Parece justo descrever Hirokatsu Akagi, agora com 75 anos, como uma figura Dumbledorean no mundo da ciência do mercúrio e entre as pessoas com doença de Minamata, que o vêem como um aliado simpático. Ele tem estilo: geralmente calças brancas ou bronzeadas, uma camisa enfiada de cor semelhante e um chapéu de abas com assinatura, de onde sai um anel de cabelo branco. “Todos conhecem o Dr. Akagi”, diz Laurie Chan, toxicologista e cientista ambiental da Universidade de Ottawa. “Todos o chamam de Akagi-sensei: um professor.”

Crescendo ao sul de Minamata, em Kinzancho, significando literalmente ‘cidade da mina de ouro’, Akagi encontrou mercúrio pela primeira vez quando criança. “Mercúrio é muito bom material de brincadeira. Se você o empurrar para baixo, ele se espalha”, diz ele, antes de rir e estender um convite meio sério: “Tenho aqui.”

Um investigador governamental reformado, Akagi mantém agora o seu próprio laboratório em Fukuro, um bairro de Minamata atingido duramente pela doença. Pilhas de papéis velhos se precipitaram sobre as superfícies disponíveis. As paredes de seu escritório lateral estão estucadas com fotos de cientistas em salas de conferência ao lado de fotos de festas de casamento ao lado de currículos de pesquisadores internacionais que ele considera pares e amigos. Uma dessas pessoas, o cientista sueco Arne Jernelöv, tem um faturamento particularmente alto acima de sua mesa.

Em 1969, Jernelöv publicou um artigo científico na revista Nature, que Akagi, recém-saída da escola farmacêutica e recém-contratada no Ministério da Saúde e Bem-Estar, leu com interesse. Estranhamente, o lúcio sueco tinha sido medido com altos níveis de metilmercúrio, embora as fábricas próximas liberassem apenas outras formas de mercúrio. Jernelöv e seu co-autor supuseram que o mercúrio poderia ser metilado dentro dos organismos vivos, colocando em movimento a descoberta de que, por razões evolutivas que ainda hoje permanecem difusas, as bactérias podem converter outros tipos de mercúrio em metilmercúrio sob as condições certas.

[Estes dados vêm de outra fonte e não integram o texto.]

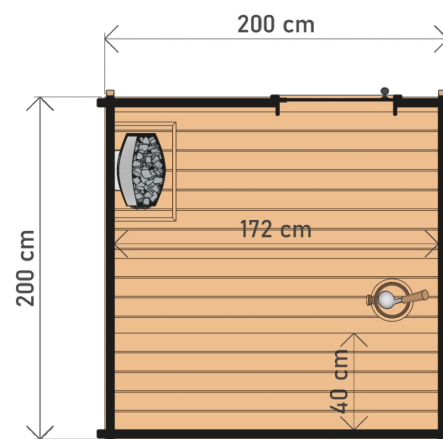

PŮDORYS

BAREVNÉ VARIANTY

CHARAKTERISTIKA

Rozměry: **2,00 x 2,00 x 2,30 m**
Materiál: **smrk / thermo smrk**
Tloušťka stěny: **45 mm**

Krytina: **šedý bitumenový šindel**
Dveře: **sklo tvrzené**

Lavice: **2 ks**
Možné osvětlení: **LED pásek**

A&M. Rzepa i Wspólnicy Spółka Jawna

ul. Szkolna 98
32-641 Przeciszów

NIP: PL 5492440516
domkysauny.cz

+48 888 768 211
biuro@domkisauny.pl
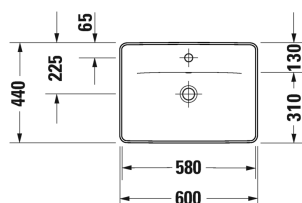

D-Neo Håndvask # 0357600027

| < 600 mm > |

Håndvask	Dimension	Vægt	Ordrenummer
til nedfældning, med overløb, med platform til hanehul, 600 mm			
Farver			
00 Hvid (Alpin)			
Varianter			
●	600 x 435 mm	11,100 kg	0357600027
Porcelæn med Wonderglass vil forblive ren og pæn i lang tid. Hvis du vil bestille produkter med Wonderglass tilføjer du "1" som det 11. tal i Duravit nummeret.			
Tilbehør			
Push-open bundventil til håndvaske med overløb		0,400 kg	005052
Matchende produkter			
Vægmonteret vaskeskab 1 høj skuffe, Bordplade med 1 udskæring, til 1 nedfældningsvask i midten, 800 x 550 mm	800 x 550 mm		KT6794
Vægmonteret vaskeskab 1 høj skuffe, Bordplade med 1 udskæring, til 1 nedfældningsvask i midten, 1000 x 550 mm	1000 x 550 mm		KT6795
Vægmonteret vaskeskab 1 høj skuffe, Bordplade med 1 udskæring, til 1 nedfældningsvask i midten, 1200 x 550 mm	1200 x 550 mm		KT6796
Vægmonteret vaskeskab 2 høje skuffer, 1 topplade med 1 eller 2 udskæringer, til 1 eller 2 vask(e), 1400 x 550 mm	1400 x 550 mm		KT6797 B/L/R
Vægmonteret vaskeskab 2 skuffer, øverste skuffe er med udskæring for vandlås, Bordplade med 1 udskæring, til 1 nedfældningsvask i midten, 800 x 550 mm	800 x 550 mm		KT6754
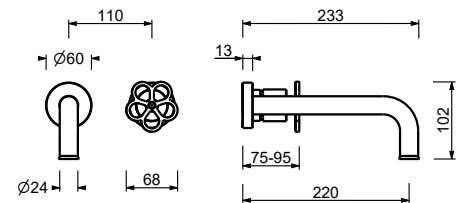

T513B

AP-Teil

Matt Gun Metal PVD 20 P5 T513B
Edelstahl Gebürstet - Rot 20 93 T513B09
Edelstahl gebürstet 20 93 T513B

Curious, Akagi começou a cavar o próprio arquivo de amostras químicas do ministério. Ele encontrou um pedaço de acetato de mercúrio, mais uma variedade tóxica de mercúrio. Era tão antigo que o rótulo mal era legível. A substância deveria ter sido um cristal branco, ele diz, esboçando absentmindedly sua fórmula química em uma folha de papel.

Mas Akagi notou uma camada amarela na superfície que ele raspou e testou. Methylmercury, novamente. Não produzido por humanos, não convertido por bactérias, mas feito de outra forma nova – pela luz. Não só outros tipos de resíduos de mercúrio poderiam ser transformados em metilmercúrio, mas eles tinham mais de um caminho para chegar lá.

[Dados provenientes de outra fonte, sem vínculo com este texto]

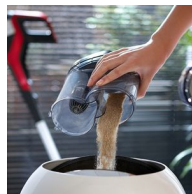

Hygienisk tømming

Støvsugerens støvbeholder kan enkelt tas av og tømmes på en hygienisk måte uten at støvet spres.
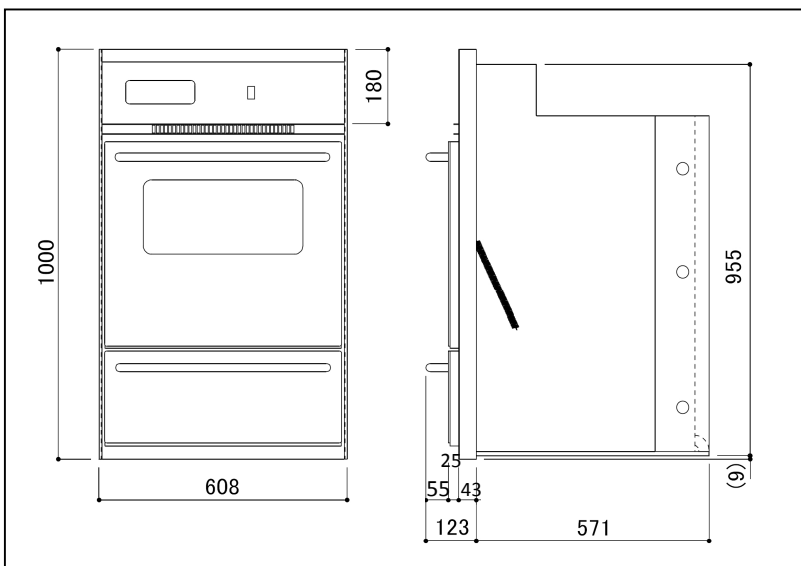

<特徴>

- ○13時間タイマー付きクロック
- ○自動調理機能付き
- ○オープン庫内温度: 75~275°C
- ○自然対流方式
- ○オープン庫内灯付き

<仕様>

1. 本体寸法 W608 × H1000 × D639
   (奥行はハンドルを除く)
2. 電源 単相100V 15A
3. ガス消費量 4.7kW (4,050kcal/h)
4. 庫内容量 オープン : 75ℓ
   ブローラー : 33ℓ
5. 開口寸法 W560 × H965 × D575 (min)
6. 対応ガス種 12A/13A /LPG
7. 点火方式 イグナイター方式
8. 付属品 網棚・オープンバット
   ブローラーパン

◇コントロール部

デジタル表示のクロックに13時間タイマーや自動調理機能の付いた、操作が簡単なタッチコントロール式
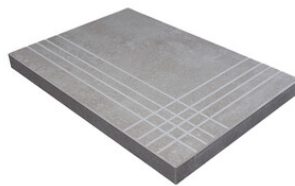

GREY MATE 20x120 SL RC
G.100 | MATT | Neutral Body
Rectified.

CREAM MATE 20x120 SL RC
G.100 | MATT | Neutral Body
Rectified.

COLOURS MATE 20x120 SL RC

G.100 | MATT | Neutral Body
Rectified.

Technical Step

Porcelain Tiles

RODAPIÉ 10X60
| 20X120 / 8"x48"

RODAPIÉ 10,8X120
| 23X120 / 9"x48"

PELDAÑO ROMO 20X120
| 20X120 / 8"x48"

PELDAÑO ROMO 23X120
| 23X120 / 9"x48"

PELDAÑO ANGULO ROMO 20X120
| 20X120 / 8"x48"

PELDAÑO ANGULO ROMO 23X120
| 23X120 / 9"x48"

PELDAÑO GRADONE RECTO 20X120
| 20X120 / 8"x48"

PELDAÑO GRADONE RECTO 23X120
| 23X120 / 9"x48"

PELDAÑO ANGULO GRADONE RECTO 20X120
| 20X120 / 8"x48"

PELDAÑO ANGULO GRADONE RECTO 23X120
| 23X120 / 9"x48"

Step

Em 1972, Akagi escreveu pela primeira vez suas descobertas em japonês. “Pessoas trabalhando em empresas como Chisso, e empresas químicas, elas me atacam”, diz ele. A indústria tinha um grande interesse em que o mercúrio inorgânico fosse seguro. “Eles me chamam para discutir. Tantos vêm. Pessoas idosas, como se fossem presidente ou algo assim, vice-presidente da empresa.” Com apenas 30 anos de idade na altura, inserido numa cultura mais hierárquica do que os seus pares ocidentais, ele diz que continuou por um sentido de obrigação moral. Ele resolveu publicar trabalhos futuros em inglês.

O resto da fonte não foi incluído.